Given records.
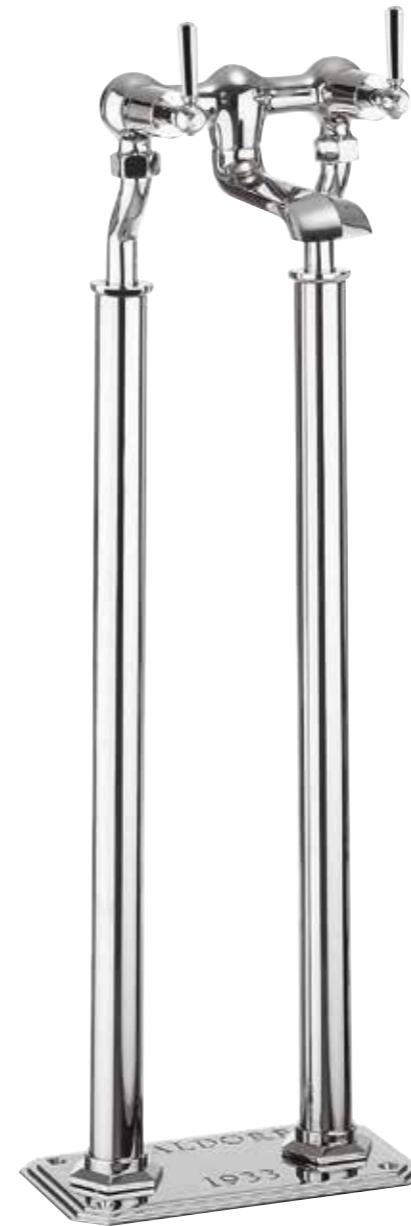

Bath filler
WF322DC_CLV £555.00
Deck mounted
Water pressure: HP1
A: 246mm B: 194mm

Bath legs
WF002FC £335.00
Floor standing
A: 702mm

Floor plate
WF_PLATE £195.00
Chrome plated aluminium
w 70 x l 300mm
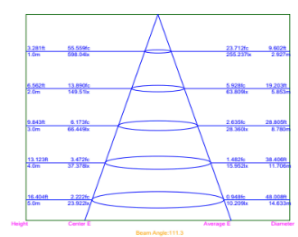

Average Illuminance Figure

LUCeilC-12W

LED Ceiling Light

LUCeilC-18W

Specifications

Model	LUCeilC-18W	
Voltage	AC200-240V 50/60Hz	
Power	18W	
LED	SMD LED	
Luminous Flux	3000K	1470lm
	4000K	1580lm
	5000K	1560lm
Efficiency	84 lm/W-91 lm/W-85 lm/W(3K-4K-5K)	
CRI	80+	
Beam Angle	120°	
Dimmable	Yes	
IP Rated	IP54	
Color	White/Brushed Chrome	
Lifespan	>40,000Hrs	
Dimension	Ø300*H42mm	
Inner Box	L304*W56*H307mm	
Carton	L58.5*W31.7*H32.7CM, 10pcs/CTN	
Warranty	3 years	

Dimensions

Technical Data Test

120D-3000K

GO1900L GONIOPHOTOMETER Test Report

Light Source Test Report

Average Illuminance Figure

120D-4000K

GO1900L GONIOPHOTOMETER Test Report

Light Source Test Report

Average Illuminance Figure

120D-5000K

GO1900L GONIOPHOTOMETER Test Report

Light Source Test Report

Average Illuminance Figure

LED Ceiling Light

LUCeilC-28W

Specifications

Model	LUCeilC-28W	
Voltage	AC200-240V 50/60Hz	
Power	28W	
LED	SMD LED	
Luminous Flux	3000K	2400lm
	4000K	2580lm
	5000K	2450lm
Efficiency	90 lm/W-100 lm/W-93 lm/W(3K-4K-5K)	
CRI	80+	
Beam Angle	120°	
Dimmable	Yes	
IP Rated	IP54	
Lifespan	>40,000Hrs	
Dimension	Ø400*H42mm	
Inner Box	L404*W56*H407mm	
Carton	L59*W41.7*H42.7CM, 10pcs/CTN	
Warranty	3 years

Task goal.
If a line in the entries above has the word "Chrome", copy it.

Task answer.
Chrome plated aluminium
Color	White/Brushed Chrome	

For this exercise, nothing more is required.